暫くその大木の緑陰の下で横になっているとグウーとお腹が鳴った。その音に和様が反応する。
「佐次郎、お腹空いた?」
「いいえ…。」
「嘘だ~。今お腹鳴らしたでしょ?」
僕は恥ずかしくて横になったまま後ろに向きを変える。
「二人はここで待ってて。ママが町で食べ物を買ってくるから。」
「はーい!」
「僕も行きます!」
僕もサツキ様について行こうとしてたサツキ様は決めポーズを取って言う。
「ママに任せなさーい!佐次郎君も大人しく待っててね?」
「は、はぁ……。」
サツキ様は一人で街に行ってしまった。大木の下には僕と和様だけが残った。清楚に座っていた和様は、左手でこっちに来て座りなさいと言わんばかりに地面を掌で軽く叩いた。僕は和様の隣に腰を掛けて座る。すると、和様は首を傾げて僕に訊いた。
「あの…佐次郎。大丈夫…?」
僕は悲しみをすべて押し包んで言った。
「はい、大丈夫です。」
「佐次郎のママのことは残念だと思うよ。」
「……。」
僕は黙り込んだ。が、和様は話を続けた。
「でも…。佐次郎は一人じゃないよ。和がいる。ママもいるし、お父様も叔父様だっている。だから。だからね…?もう悲しまないで…。」
その時僕の顔に小さく温かい手が僕の顔を右に向かせた。そして僕のおでこに柔らかい何かが当たった。僕が視線をおでこの方に向けると、和様が僕のおでこに口をつけていた。
「の、ののの、和様…?!」
僕は突然のことに体が凍った。そして胸がドキドキし出した。和様はおでこから口を離して言う。

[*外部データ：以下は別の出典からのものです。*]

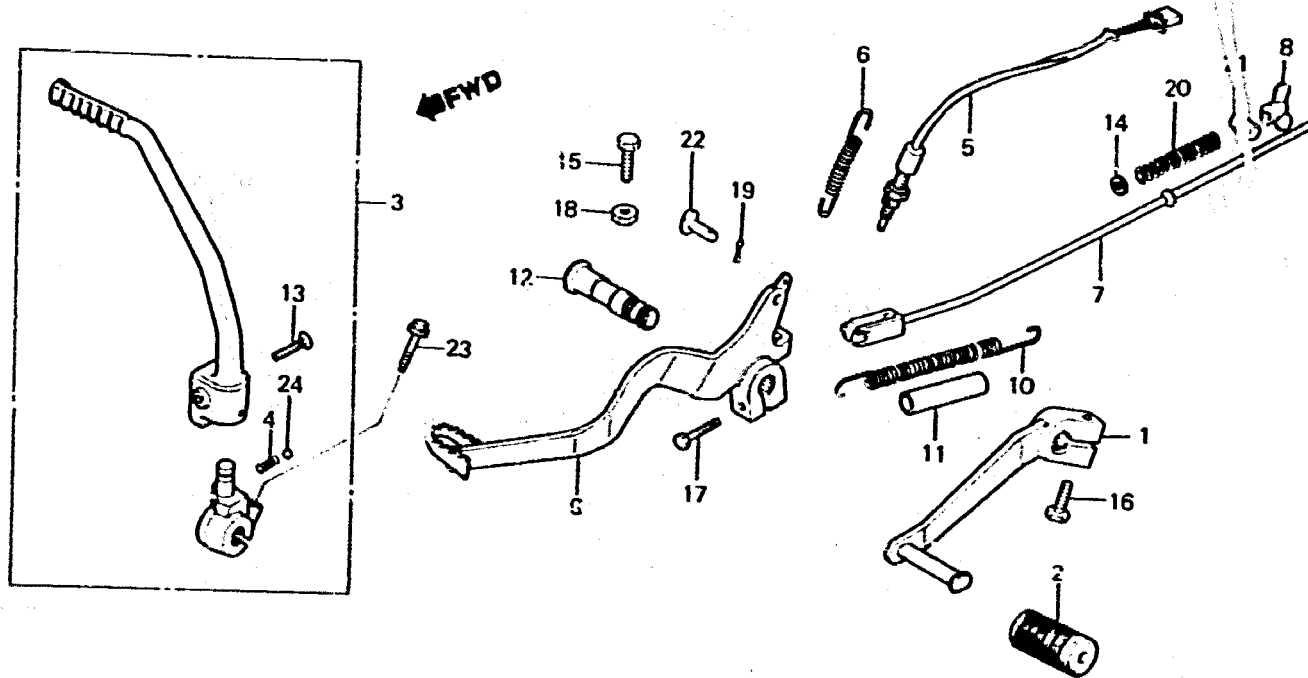

G 14

F-19

Change pedal • Brake pedal •
Kick starter arm

Pédale de changement •
Pédale de frein •
Bras de kick de démarrage
Schalt pedal • Brems pedal •
Kickstarterarm

Pedal de cambio • Pedal de
freno • Brazo de arranque de
pie

8X53-26

Item d'entretien T.D.R.

N°e réf. N°e pièce

Description

N°e requis
MTX115
RG RH RM

N°e série

Code de zone

13	90101-329-000	BOULON DE BRAS DE KICK.....	1	1	1		
14	90502-KR1-760	ROUYELLE DE TIGE DE FREIN.....	1	1	1		
15	92000-06016-0A	BOULON HEX., 6X16.....	1	1	1		
* 16	92000-06020-0A	BOULON HEX., 11X20.....	1	1	1		
17	92000-08028-0A	BOULON HEX., 8X28.....	1	1	1		
18	94002-06000-0S	ECROU HEX., 6M.....	1	1	1		
19	94201-16150	GOUPILLE FENDUE, 1.6X15.....	1	1	1		
20	95014-73100	RESSORT A DE TIGE DE FREIN.....	1	1	1		
21	95015-32001	RACCORD B DE BRAS DE FREIN....	1	1	1		
22	95015-52000	AXE B D'ARTICULATION DE TIGE DE FREIN	1	1	1		
23	95700-08032-08	BOULON DE BRIDE, 8X32.....	1	1	1		
24	96211-08000	BILLE D'ACIER, #8 (1/4).....	1	1	1		

1987.05.20

E

G14

「佐次郎が泣いたら和も心が痛いの…。だから、もう泣かないでね?」
「はい…。」
「それから…、これからもずっと和の側にいて…。」
「はい?」
最初僕はその言葉の意味が良く分からなかった。和様は顔を赤らめて言う。
「だから!…どこにも行かないでってこと…!!」
「は、はい。どこにも行きません…。」
「何があってもだよ?」
「はい、何があっても必ず側にいます。」
「絶対?」
「はい。」
和様は可愛らしい顔を赤らめて笑みを浮かべる。
「約束だよ?へへ…。」
彼女の笑顔は幼い自分には形容できないほど愛おしくて唇を乾かした。そして、鳴り止まないこの不可解な動悸は僕の顔を赤らめる。
…………。
僕はなぜ今になってこんな昔のことを思い出しているんだろう…。